加速時はリアタイヤが「右往左往」! カレラRSR 2.1ターボ 935/78 GT1 911を3台乗り比べ(3)
公開 : 2024.04.20 17:47
躍動的で動物的 リアタイヤが右往左往
ステアリングホイールはモモ。ハーネスを締めたドライビングポジションは、現代のル・マン・ハイパーカーとも異なる。スタイリングはモダンだが、サーキットを走り出すと、素晴らしいアナログマシンだということが見えてくる。
935/78「モビー・ディック」より、フラット6ツインターボが発揮する最高出力は200馬力以上低い。それでも、911 GT1は躍動的で動物的。右足を深く傾けるたびに、トラクションの足りないリアタイヤが右往左往する。
トランスミッションはシーケンシャルながら、現代のユニットとは異なり、変速時にクラッチペダルを踏む必要がある。ブレーキの効きは唐突で、ヒール&トウしにくい。
タイミング良く、エンジンの回転数を合わせられると気持ち良い。ところが一歩間違うと、太いリアタイヤはロックしてしまう。

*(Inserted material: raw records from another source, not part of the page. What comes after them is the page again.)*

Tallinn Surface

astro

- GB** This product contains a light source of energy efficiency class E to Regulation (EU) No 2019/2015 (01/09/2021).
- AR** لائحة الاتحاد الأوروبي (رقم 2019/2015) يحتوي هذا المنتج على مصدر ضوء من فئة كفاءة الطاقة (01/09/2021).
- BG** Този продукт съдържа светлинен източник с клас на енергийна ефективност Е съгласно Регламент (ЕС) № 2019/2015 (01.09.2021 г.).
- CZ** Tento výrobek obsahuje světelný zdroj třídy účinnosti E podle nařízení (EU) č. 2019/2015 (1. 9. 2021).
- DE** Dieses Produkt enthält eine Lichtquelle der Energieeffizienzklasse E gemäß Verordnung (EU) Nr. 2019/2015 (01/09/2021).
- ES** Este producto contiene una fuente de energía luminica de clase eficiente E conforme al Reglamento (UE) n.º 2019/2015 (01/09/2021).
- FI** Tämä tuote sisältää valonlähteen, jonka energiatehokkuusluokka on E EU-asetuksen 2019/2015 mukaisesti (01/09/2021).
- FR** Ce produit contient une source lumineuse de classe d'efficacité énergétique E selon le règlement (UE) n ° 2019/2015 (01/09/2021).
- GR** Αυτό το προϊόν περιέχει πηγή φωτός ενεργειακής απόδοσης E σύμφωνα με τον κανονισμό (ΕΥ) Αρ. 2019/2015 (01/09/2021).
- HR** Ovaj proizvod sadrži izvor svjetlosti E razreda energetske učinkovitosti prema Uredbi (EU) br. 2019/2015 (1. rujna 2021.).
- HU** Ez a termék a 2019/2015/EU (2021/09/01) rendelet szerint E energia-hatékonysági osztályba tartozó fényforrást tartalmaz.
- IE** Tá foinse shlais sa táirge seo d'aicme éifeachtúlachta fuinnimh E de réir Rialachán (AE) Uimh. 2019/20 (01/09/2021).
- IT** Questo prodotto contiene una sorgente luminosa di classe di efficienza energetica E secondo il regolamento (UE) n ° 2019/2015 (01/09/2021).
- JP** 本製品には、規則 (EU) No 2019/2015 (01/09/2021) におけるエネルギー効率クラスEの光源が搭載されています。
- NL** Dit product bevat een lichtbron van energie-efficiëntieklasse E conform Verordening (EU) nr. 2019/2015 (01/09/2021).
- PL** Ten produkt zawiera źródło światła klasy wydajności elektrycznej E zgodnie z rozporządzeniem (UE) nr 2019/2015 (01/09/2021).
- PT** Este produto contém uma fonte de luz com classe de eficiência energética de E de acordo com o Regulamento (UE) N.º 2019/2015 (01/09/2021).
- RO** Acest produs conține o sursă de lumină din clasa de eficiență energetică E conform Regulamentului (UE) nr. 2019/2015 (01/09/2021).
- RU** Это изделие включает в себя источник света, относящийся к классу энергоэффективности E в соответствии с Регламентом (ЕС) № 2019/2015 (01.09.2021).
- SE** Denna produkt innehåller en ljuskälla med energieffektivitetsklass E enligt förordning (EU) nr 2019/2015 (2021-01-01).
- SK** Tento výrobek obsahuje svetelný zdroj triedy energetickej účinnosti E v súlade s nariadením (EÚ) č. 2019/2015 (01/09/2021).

それでも、フロントノーズはステアリングホイールの細かな入力へ逐一反応。フラットなアンダーボディと、巨大なディフューザー、そびえ立つGTウイングは、頼もしいダウンフォースを生成する。
4000rpmから6500rpmの間のパンチ力は、内臓へ響くほど強烈。病みつきになる体験だ。筆者のスキルでは不可能だとわかっていても、超貴重な911 GT1の限界がどこまで高いのか、探りたい気持ちになってしまう。
モータースポーツで醸成された技術の浸透
911 カレラRSR 2.1ターボの登場から50年。サーキットで圧倒的な速さを披露したレーシングカーたちが、ブランドの名声を勝ち取ってきた。そこで培われたターボ技術は、より速く扱いやすい、エキサイティングな公道用モデルへと展開されてきた。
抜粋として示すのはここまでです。